Antibiotic Growth Promoter (AGP) merupakan antibiotik dengan dosis kecil yang digunakan sebagai suplemen dalam pakan ternak. AGP bekerja dengan menekan stres, memproduksi amonia, mengurangi infeksi, mengurangi racun, dan mengoptimalkan penyerapan nutrisi dari pakan ke dinding usus. Jenis AGP yang sering digunakan oleh petani di Indonesia seperti seng bacitracin, spiramycin, virginiamycin, bambermycin, tylosin phosphate, avilamycin, dan enramycin.

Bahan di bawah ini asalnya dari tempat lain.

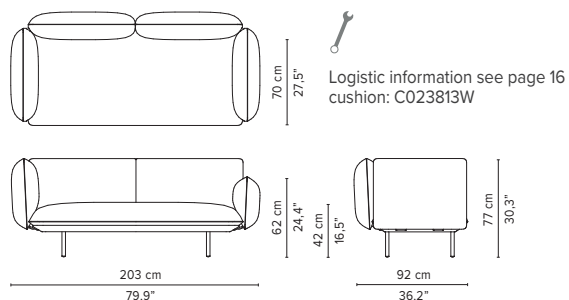

023809-x-y Left Corner arm low

023810-x-y 2-seater arm high

023811-x-y 2-seater arm low

* Appearances, measurements and weights may slightly differ from reality.
The cushions on the drawings are not included in the article.

SENJA SOFA

TECHNICAL DRAWINGS

REGULAR SEAT

TOTAL DEPTH 92 CM / 36.25"

023812-x-y 2-seater right arm low/high

023813-x-y 2-seater left arm low/high

023814-x-y Right corner arm high + pouf

023815-x-y Left corner arm high + pouf

023816-x-y Right corner arm low + pouf

023817-x-y Left corner arm low + pouf

023818-x-y-z Right Corner arm high + table

023819-x-y-z Left Corner arm high + table

* Appearances, measurements and weights may slightly differ from reality.
The cushions on the drawings are not included in the article.

SENJA SOFA

TECHNICAL DRAWINGS

REGULAR SEAT

TOTAL DEPTH 92 CM / 36.25"

023820-x-y-z Right Corner arm low + table

023821-x-y-z Left Corner arm low + table

023901-x-y Triple pouf module

023902-x-y Triple module
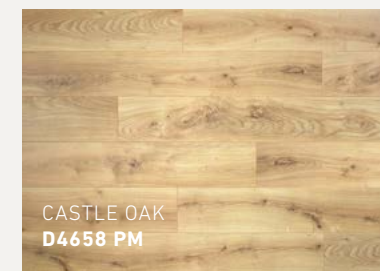

Beautiful and timeless
for everyday use.

GROTTINO BEIGE
D80031 CG

Collection
LIBERTY

GROTTINO BEIGE
D80031 CG

Collection **LIBERTY**

TIMELESS BEAUTY, EVERY DAY

Environmental protection

1380 mm | 54.33"
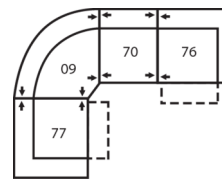

41130 ARLO

Dimensions shown as Width x Depth x Height. Specifications are correct at time of printing and are subject to change without notice.
LHF - left hand facing RHF - right hand facing IA - inside arm to inside

How We Measure

Height - measured from the highest point of the back pillow to the floor.

Depth - measured from the front edge of the seat cushion to the top of the back.

Width - measured from the widest point of the arm or arm pillow to the widest point of the opposite arm or arm pillow.

Arm Height - measured from the top of the arm to the floor.

Seat Height - measured from the crown of the seat cushion to the floor.

Warranty

Wood Frames, Springs or Webbing - ten year warranty

Metal Frames - two year warranty under normal household use

5-Seat Curved Corner Small Reclining Sectional

120 x 120"

305 x 305cm

4-Seat Curved Corner Reclining Sectional

120 x 88"

305 x 224cm

Tantangan besar bagi peternak broiler di Indonesia adalah beragam penyakit yang menyerang unggas baik akut maupun kronis. Hal ini dapat menyebabkan kerugian ekonomi yang sangat besar, sementara tidak semua vaksin tersedia untuk mencegah penyakit menular. Selain itu, cuaca ekstrem di Indonesia dalam beberapa tahun terakhir telah menyebabkan kerugian bagi petani, seperti panas tinggi hingga 43 °C, dengan penurunan kelembaban hingga 40%. Kehadiran mikotoksin dalam jagung lokal sebagai bahan pakan utama untuk ayam di Indonesia juga menjadi masalah, selain itu penerapan biosekuriti tidak maksimal di peternakan rakyat. Oleh karena itu AGP telah digunakan sebagai solusi oleh ternak untuk mengatasi hambatan-hambatan ini sehingga peternak masih dapat menghasilkan ayam yang dipanen dengan berat maksimum hingga tiga kilogram per ekor dengan masa pemeliharaan 35-42 hari.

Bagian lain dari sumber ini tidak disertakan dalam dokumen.